X, y = simu_linreg(w0, n_samples=n_samples, corr=0.3, std=0.5)
plt.scatter(X, y)
plt.xlabel(r"$x_i$", fontsize=16)
plt.ylabel(r"$y_i$", fontsize=16)
plt.title("Linear regression simulation", fontsize=18)
plt.scatter(X, y, label='data')
plt.legend()
send(plt, 1)

## 1.3. Simulation of a logistic regression model

In [None]:
def sigmoid(t):
    """Sigmoid function (overflow-proof)"""
    idx = t > 0
    out = np.empty(t.size)    
    out[idx] = 1 / (1. + np.exp(-t[idx]))
    exp_t = np.exp(t[~idx])
    out[~idx] = exp_t / (1. + exp_t)
    return out

def simu_logreg(w0, n_samples=1000, corr=0.5):
    """Simulation of a logistic regression model with Gaussian features
    and a Toeplitz covariance.
    
    Parameters
    ----------
    w0 : `numpy.array`, shape=(n_features,)
        Model weights
    
    n_samples : `int`, default=1000
        Number of samples to simulate
    
    corr : `float`, default=0.5
        Correlation of the features

    Returns
    -------
    X : `numpy.ndarray`, shape=(n_samples, n_features)
        Simulated features matrix. It contains samples of a centered 
        Gaussian vector with Toeplitz covariance.
    
    y : `numpy.array`, shape=(n_samples,)
        Simulated labels
    """
    n_features = w0.shape[0]
    cov = toeplitz(corr ** np.arange(0, n_features))
    X = multivariate_normal(np.zeros(n_features), cov, size=n_samples)
    p = sigmoid(X.dot(w0))
    y = np.random.binomial(1, p, size=n_samples)
    # Put the label in {-1, 1}
    y[:] = 2 * y - 1
    return X, y

In [None]:
u = np.array([1,2,3])
sigmoid(u)

In [None]:
n_samples = 500
w0 = np.array([-3, 3.])

X, y = simu_logreg(w0, n_samples=n_samples, corr=0.4)

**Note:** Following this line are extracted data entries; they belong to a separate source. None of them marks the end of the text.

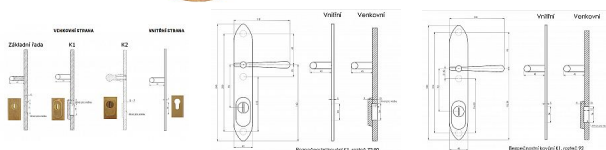

# CASUAL K1 bezpečnostní kování lesklá mosaz

» DVEŘNÍ KOVÁNÍ » BEZPEČNOSTNÍ A OCHRANNÉ » Štítové s překrytím

Značka	BERNAT
Kód produktu	MP03090-0680

Bezpečnostní kování v třídě bezpečnosti 3

Dostupnost sklad SEZAM : u dodavatele  
Dostupné sklad dodavatele: momentálně nedostupné

## Popis

s překrytím rozteče 72, 90, 92mm - pro cylindrickou vložku z venkovní strany přečnávající max. 12 mm nutno určit rozteč, určit orientaci vnitřní kliky, tloušťky dveří u kování lze měnit klika - dle nabídky firmy BERNAT - EXCEL, TRADITION, ROMANTIC, DECENT, ANTIQUE, INDIVIDUAL v případě užších dveří je možné koupit podložku přesně pod kování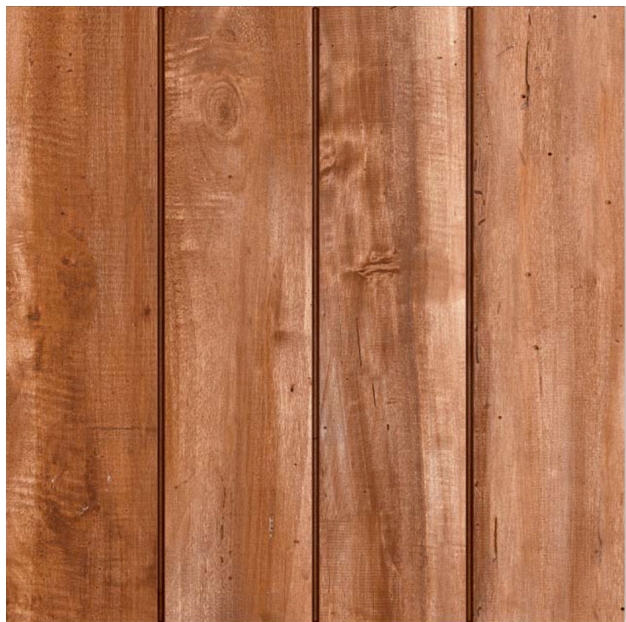

PISO 45X45 45920

[Read More](#)

SKU:

Stock: instock

Categories: [Acabamento](#)

Tags: [45920](#)

Product Description

Formato: 18" x 18" Linha: Marble Surface finish: Glossy Place of use: 4 Tone variation: V2
Number of faces: 1 Type: floor Ambiente: intern Ficha Técnica - 45920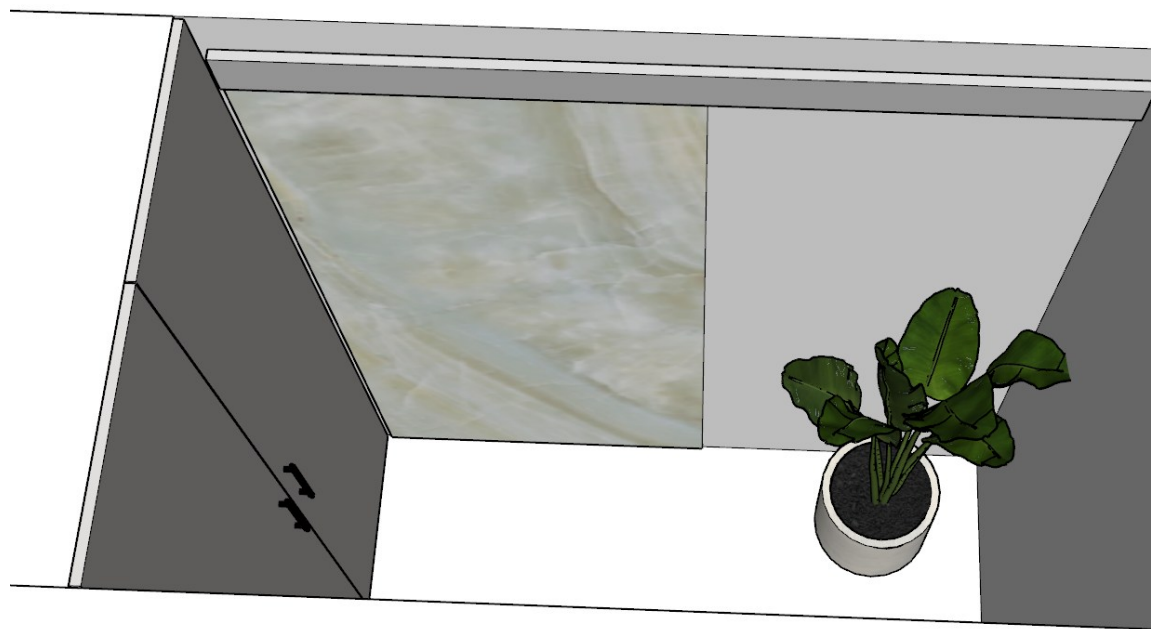

# Dveře - 2x posuvné dveřní křídlo

1.

2.

Posuvné skleněné dveře po zdi před WC–

Matelux on side

Rozměr: 800 x 2080

2. Posuvné skleněné dveře po zdi před WC

## 2. Posuvné skleněné dveře po zdi před WC

plt.scatter(*X[y == 1].T, color='b', s=10, label=r'$y_i=1$')
plt.scatter(*X[y == -1].T, color='r', s=10, label=r'$y_i=-1$')
plt.legend(loc='upper left')
plt.xlabel(r"$x_i^1$", fontsize=16)
plt.ylabel(r"$x_i^2$", fontsize=16)
plt.title("Logistic regression simulation", fontsize=18)
send(plt, 2)

<a id='models'></a>
# 2. Models gradients and losses

We want to minimize a goodness-of-fit function $f$ with ridge regularization, namely
$$
\arg\min_{w \in \mathbb R^d} \Big\{ f(w) + \frac{\lambda}{2} \|w\|_2^2 \Big\}
$$
where $d$ is the number of features and where we will assume that $f$ is $L$-smooth.
We will consider below the following cases.

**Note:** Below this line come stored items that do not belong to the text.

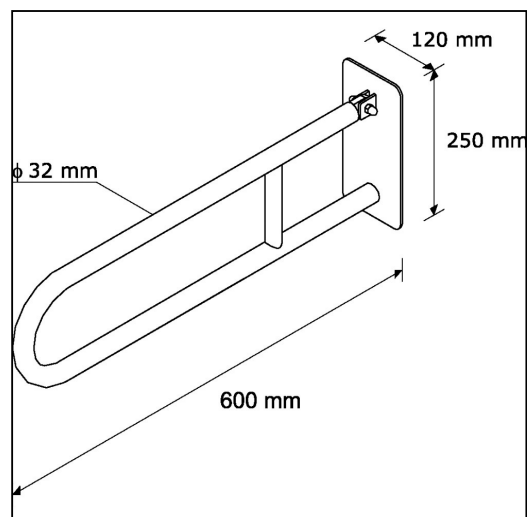

## Poręcz uchylna łukowa 600 mm

symbol: TPC09

- wykonane ze stali nierdzewnej polerowanej
- średnica rurki 32 mm
- do użytku w toaletach publicznych
- konstrukcja o wysokiej wytrzymałości

### Parametry

|         |       |
|---------|-------|
| długość | 60 cm |
|---------|-------|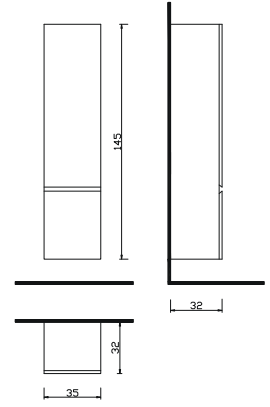

FLEX BOY DOLAP

FLX - 30 B Boy Dolabı : 890 ₺

Not: Yukarıdaki renkler haricinde farklı renk talebinde fiyat farkı uygulanır.

LENA BOY DOLAP

LEN - 35 B Boy Dolabı : 800 ₺

Not: Yukarıdaki renkler haricinde farklı renk talebinde fiyat farkı uygulanır.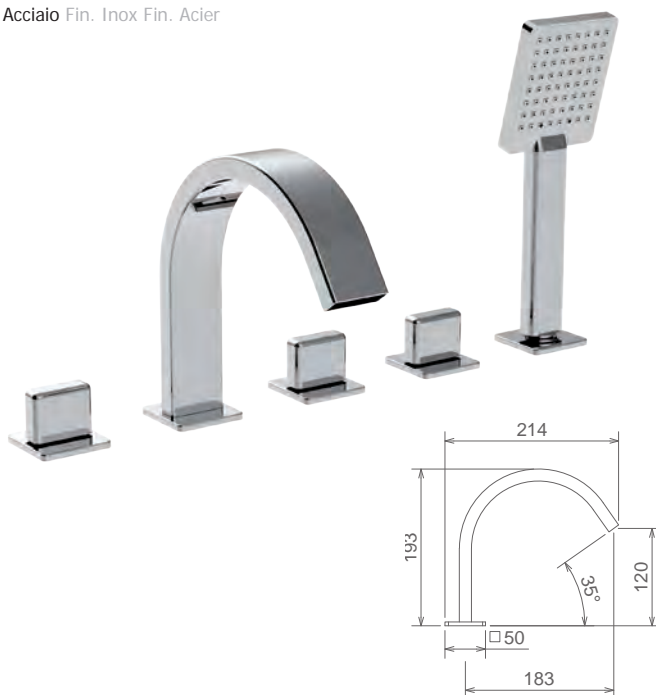

45847

GRUPPO VASCA A BORDO, 5 FORI
DECK MOUNTED BATH-TUB SET
MELANGEUR 5 TROUS AU BORD BAIGNOIRE

Cromo Chrome Chromé
Bianco o Nero White/Black Blanc/Noir
Finitura Acciaio Fin. Inox Fin. Acier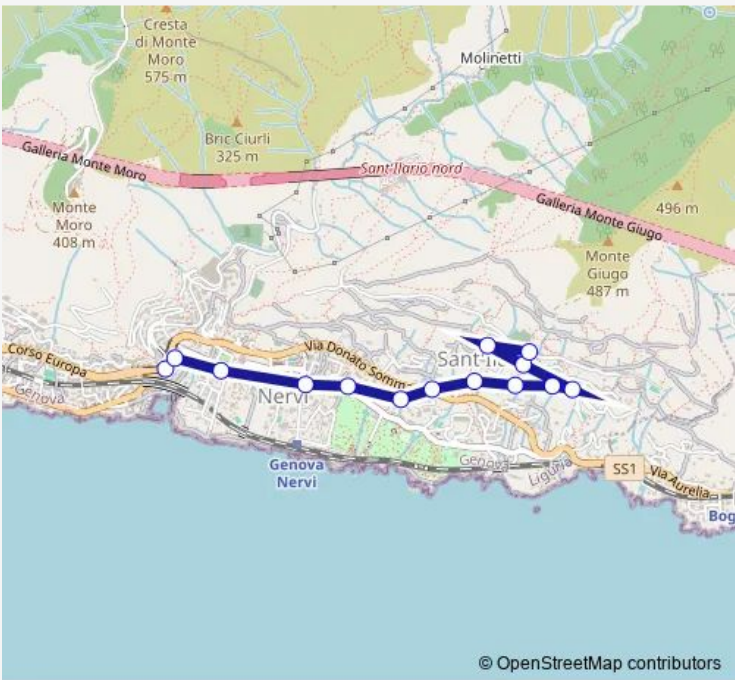

**Bus 516 Via S.Ilario - Via Somma (Nervi Croce Verde)**

[Go to website](#)

**Direction**  
 Nervi/Capolinea — Chiesa Sant'Ilario/Capolinea  
 14 stops  
[Open route schedule](#)

- Nervi/Capolinea
- Oberdan 2/Ponte DI Nervi
- Oberdan 4/Duca Degli Abruzzi
- Pittaluga/Nervi Fs
- Bassanite/Sala
- Sant'Ilario 1/Pasqua
- Sant'Ilario 2/Somma
- Sant'Ilario 3/Salita Noffi
- Sant'Ilario 4/
- Sant'Ilario 5/
- Sant'Ilario 6/RIO Fontanino
- Sant'Ilario 7/
- Sant'Ilario 8/Societa' Operaia
- Chiesa Sant'Ilario/Capolinea

## Direction

Chiesa Sant'Ilario/Capolinea — Nervi/Capolinea

13 stops

[Open route schedule](#)

Chiesa Sant'Ilario/Capolinea

Sant'Ilario 1/Societa' Operaia

Sant'Ilario 2/

Sant'Ilario 3/RIO Fontanino

Sant'Ilario 4/

Sant'Ilario 5/

Sant'Ilario 6/Salita Noffi

Somma 3/Sant'Ilario

Somma 4/Ravina

Somma 5/Vassalli

Somma 6/Duca Degli Abruzzi

Oberdan 3/Ponte DI Nervi

## Route info

Direction: Chiesa Sant'Ilario/Capolinea

Stops: 13

Trip Duration: 0 hour 7 min

516 Bus time schedules and route maps are available in an offline PDF at busmaps.com. Use the busmaps.com website to see live bus times, train schedule or subway schedule, and step-by-step directions for all public transit in Bogliasco

**Linear regression**, where 
$$
f(w) = \frac 1n \sum_{i=1}^n f_i(w) = \frac{1}{2n} \sum_{i=1}^n (y_i - x_i^\top w)^2 + \frac{\lambda}{2} \|w\|_2^2 = \frac{1}{2 n} \| y - X w \|_2^2 + \frac{\lambda}{2} \|w\|_2^2,
$$
where $n$ is the sample size, $y = [y_1 \cdots y_n]$ is the vector of labels and $X$ is the matrix of features with lines containing the features vectors $x_i \in \mathbb R^d$.

**Logistic regression**, where
$$
f(w) = \frac 1n \sum_{i=1}^n f_i(w) = \frac{1}{n} \sum_{i=1}^n \log(1 + \exp(-y_i x_i^\top w)) + \frac{\lambda}{2} \|w\|_2^2,
$$
where $n$ is the sample size, and where labels $y_i \in \{ -1, 1 \}$ for all $i$.

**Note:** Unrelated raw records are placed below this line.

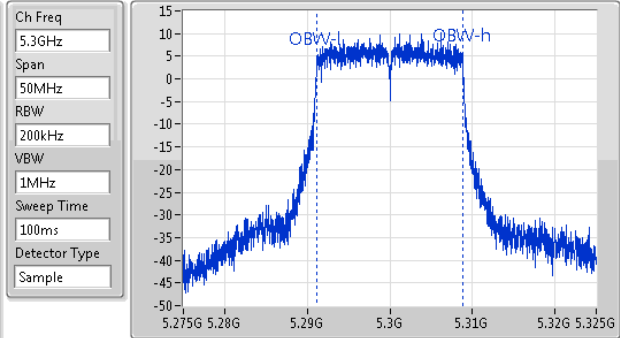

802.11a_(6Mbps)_1TX

EBW

5700MHz

26dB(Hz)	Fl-26dB(Hz)	Fh-26dB(Hz)	OBW(Hz)	Fl-OBW(Hz)	Fh-OBW(Hz)	Limit(Hz)	Port
20.225M	5.6899G	5.710125G	16.442M	5.691754G	5.708196G	Inf	1

802.11ac VHT20_Nss1,(MCS0)_1TX

EBW

5300MHz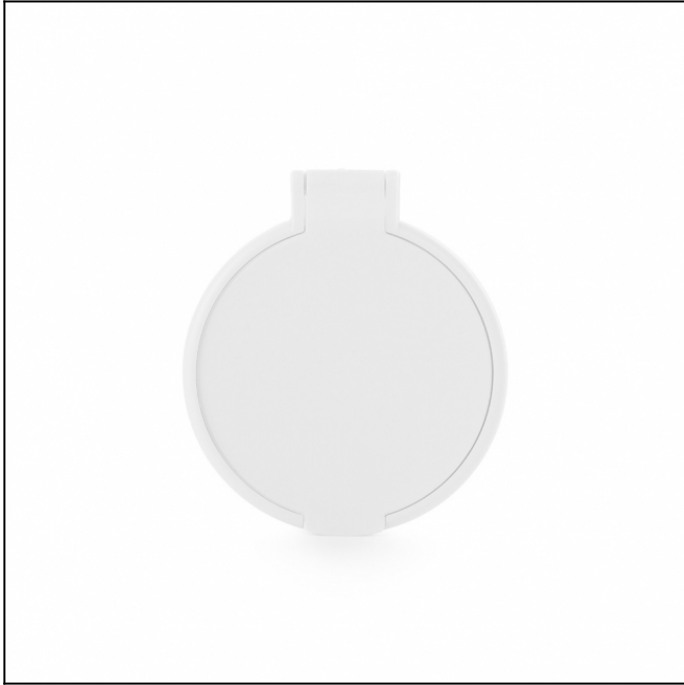

FICHA TÉCNICA DO PRODUTO

Nome: Espelho Plástico Sem Aumento

Descrição: *Espelho plástico sem aumento, frente e verso liso.*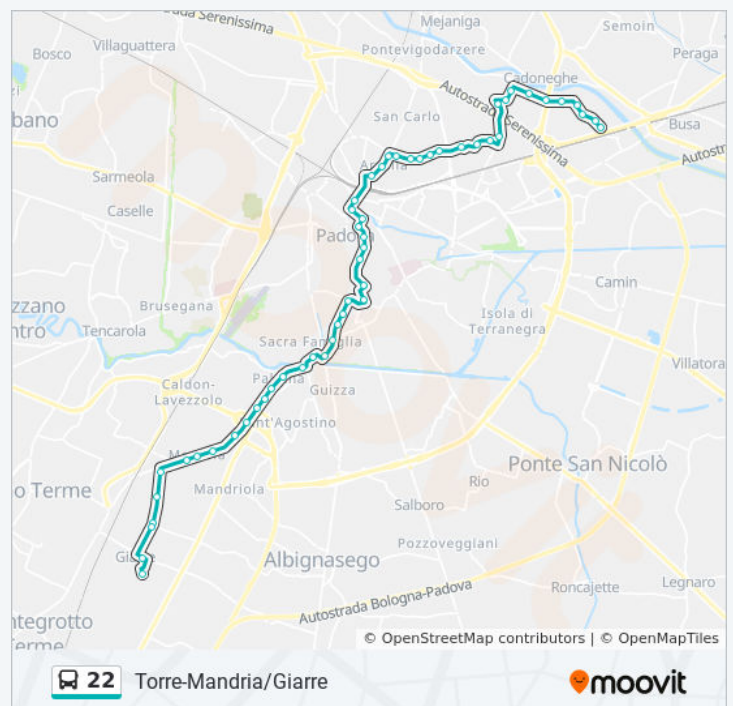

## Informazioni sulla linea bus 22

**Direzione:** Per Di Lenna

**Fermate:** 41

**Durata del tragitto:** 55 min

**La linea in sintesi:**

**Tito Livio 43**

4 Via del Padovanino, Padova

**Ponti Romani 6**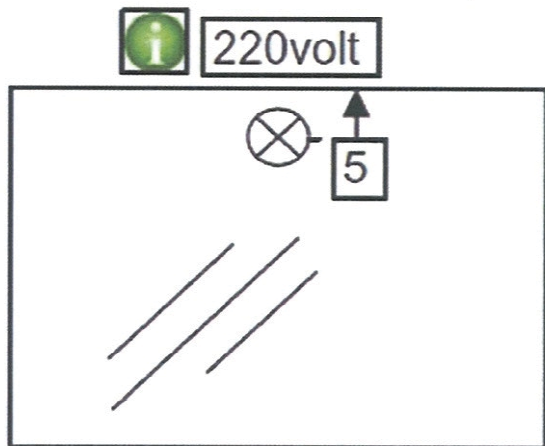

Technische tekening Badmeubel Q7 - 3 laden onderkast 100 cm.

97 cm.
Voorzijde

Achterzijde

96,5 cm.
Boven lade

96,5 cm.
Onder lade

44 cm.
Zijde

(Ervan uitgaande dat de te plaatsen wastafel een Sanicare wastafel is.)

 Contactdoos voor verlichting in het midden en achter de spiegel 5 cm. lager t.o.v. bovenkant spiegel. (verlichting apart schakelen)

 Koud- & heetwaterleiding (15 cm. hart op hart) op een hoogte van 65 cm. vanaf de afgewerkte vloer.

We need to be able to compute $f(w)$ and its gradient $\nabla f(w)$, in order to solve this problem, as well as $\nabla f_i(w)$ for stochastic gradient descent methods and $\frac{\partial f(w)}{\partial w_j}$ for coordinate descent.

Below is the full implementation for linear regression.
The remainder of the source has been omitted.